> [WORK REQUIRED]: From the line bearing "GP9A34250B; GJ6A34200B; GJ6A34250B" down to the final line of the records below, give every line again exactly and add nothing.

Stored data

━━━━━━━━

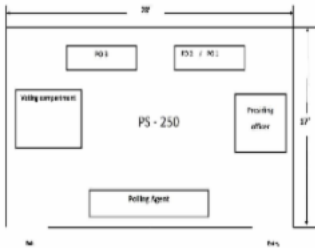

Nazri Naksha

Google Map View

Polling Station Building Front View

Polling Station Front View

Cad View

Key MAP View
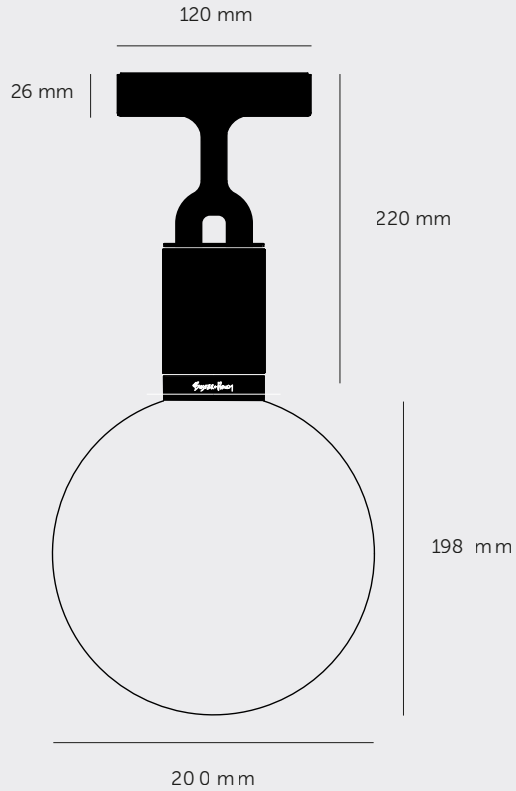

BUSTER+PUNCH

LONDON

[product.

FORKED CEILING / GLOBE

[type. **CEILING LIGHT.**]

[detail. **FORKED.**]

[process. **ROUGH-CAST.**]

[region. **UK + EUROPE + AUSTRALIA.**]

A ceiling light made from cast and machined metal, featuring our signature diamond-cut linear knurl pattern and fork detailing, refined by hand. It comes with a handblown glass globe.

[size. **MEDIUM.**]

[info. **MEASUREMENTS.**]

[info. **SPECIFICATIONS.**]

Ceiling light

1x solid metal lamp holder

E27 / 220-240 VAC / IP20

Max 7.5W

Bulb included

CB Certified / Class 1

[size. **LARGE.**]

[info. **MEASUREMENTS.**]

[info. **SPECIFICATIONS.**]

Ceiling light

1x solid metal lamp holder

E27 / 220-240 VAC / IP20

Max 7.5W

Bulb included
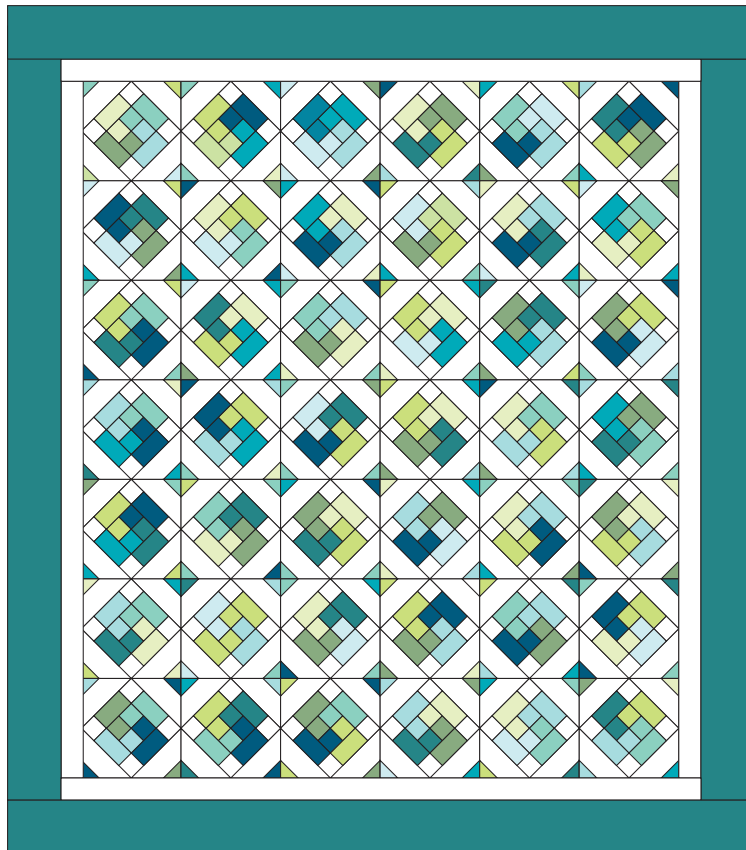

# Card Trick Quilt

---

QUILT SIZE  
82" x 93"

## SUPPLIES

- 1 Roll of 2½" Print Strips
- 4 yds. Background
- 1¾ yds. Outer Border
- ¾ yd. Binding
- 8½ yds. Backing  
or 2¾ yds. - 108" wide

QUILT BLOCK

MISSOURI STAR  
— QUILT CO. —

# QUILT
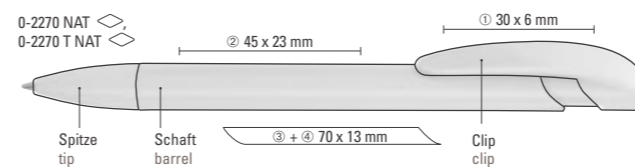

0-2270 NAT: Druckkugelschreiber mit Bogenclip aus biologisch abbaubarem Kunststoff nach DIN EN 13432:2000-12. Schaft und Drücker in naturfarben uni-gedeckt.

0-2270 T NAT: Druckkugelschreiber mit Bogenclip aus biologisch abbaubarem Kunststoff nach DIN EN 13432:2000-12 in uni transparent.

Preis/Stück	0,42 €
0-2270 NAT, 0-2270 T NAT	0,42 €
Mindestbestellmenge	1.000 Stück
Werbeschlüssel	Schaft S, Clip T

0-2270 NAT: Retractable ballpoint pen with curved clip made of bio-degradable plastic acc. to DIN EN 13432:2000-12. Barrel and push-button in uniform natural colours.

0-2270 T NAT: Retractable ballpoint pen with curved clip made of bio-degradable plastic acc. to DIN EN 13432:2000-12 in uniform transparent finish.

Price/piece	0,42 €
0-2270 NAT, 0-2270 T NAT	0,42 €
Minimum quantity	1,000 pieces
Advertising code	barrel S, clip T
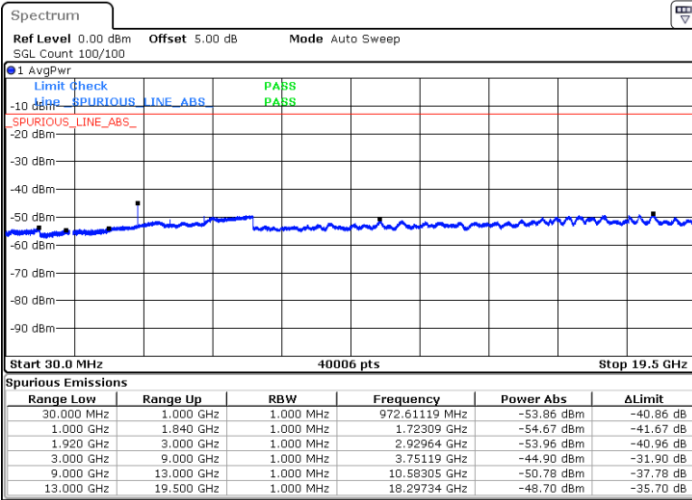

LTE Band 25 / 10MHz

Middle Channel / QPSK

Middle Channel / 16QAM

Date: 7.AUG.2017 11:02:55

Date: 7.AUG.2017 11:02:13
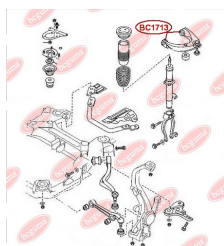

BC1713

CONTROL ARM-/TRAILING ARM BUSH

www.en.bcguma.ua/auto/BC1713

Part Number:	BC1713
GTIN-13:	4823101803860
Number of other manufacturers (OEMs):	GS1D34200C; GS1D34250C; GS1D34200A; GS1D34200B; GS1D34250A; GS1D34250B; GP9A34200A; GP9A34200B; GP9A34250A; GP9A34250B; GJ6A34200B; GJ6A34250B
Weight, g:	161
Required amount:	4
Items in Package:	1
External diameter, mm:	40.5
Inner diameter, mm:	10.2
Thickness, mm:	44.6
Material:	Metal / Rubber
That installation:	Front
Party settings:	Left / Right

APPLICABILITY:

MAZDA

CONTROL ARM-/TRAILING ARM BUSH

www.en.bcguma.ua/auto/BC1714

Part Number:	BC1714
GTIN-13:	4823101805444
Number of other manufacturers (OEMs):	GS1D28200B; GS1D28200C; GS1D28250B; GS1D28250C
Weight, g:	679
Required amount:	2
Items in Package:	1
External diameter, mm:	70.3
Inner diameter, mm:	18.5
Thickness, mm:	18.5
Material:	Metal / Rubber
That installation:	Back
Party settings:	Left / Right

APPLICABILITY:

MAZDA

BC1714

━━━━━━━━

> [FINAL ANSWER]:
Number of other manufacturers (OEMs):	GS1D34200C; GS1D34250C; GS1D34200A; GS1D34200B; GS1D34250A; GS1D34250B; GP9A34200A; GP9A34200B; GP9A34250A; GP9A34250B; GJ6A34200B; GJ6A34250B
Weight, g:	161
Required amount:	4
Items in Package:	1
External diameter, mm:	40.5
Inner diameter, mm:	10.2
Thickness, mm:	44.6
Material:	Metal / Rubber
That installation:	Front
Party settings:	Left / Right

APPLICABILITY:

MAZDA

CONTROL ARM-/TRAILING ARM BUSH

www.en.bcguma.ua/auto/BC1714

Part Number:	BC1714
GTIN-13:	4823101805444
Number of other manufacturers (OEMs):	GS1D28200B; GS1D28200C; GS1D28250B; GS1D28250C
Weight, g:	679
Required amount:	2
Items in Package:	1
External diameter, mm:	70.3
Inner diameter, mm:	18.5
Thickness, mm:	18.5
Material:	Metal / Rubber
That installation:	Back
Party settings:	Left / Right

APPLICABILITY:

MAZDA

BC1714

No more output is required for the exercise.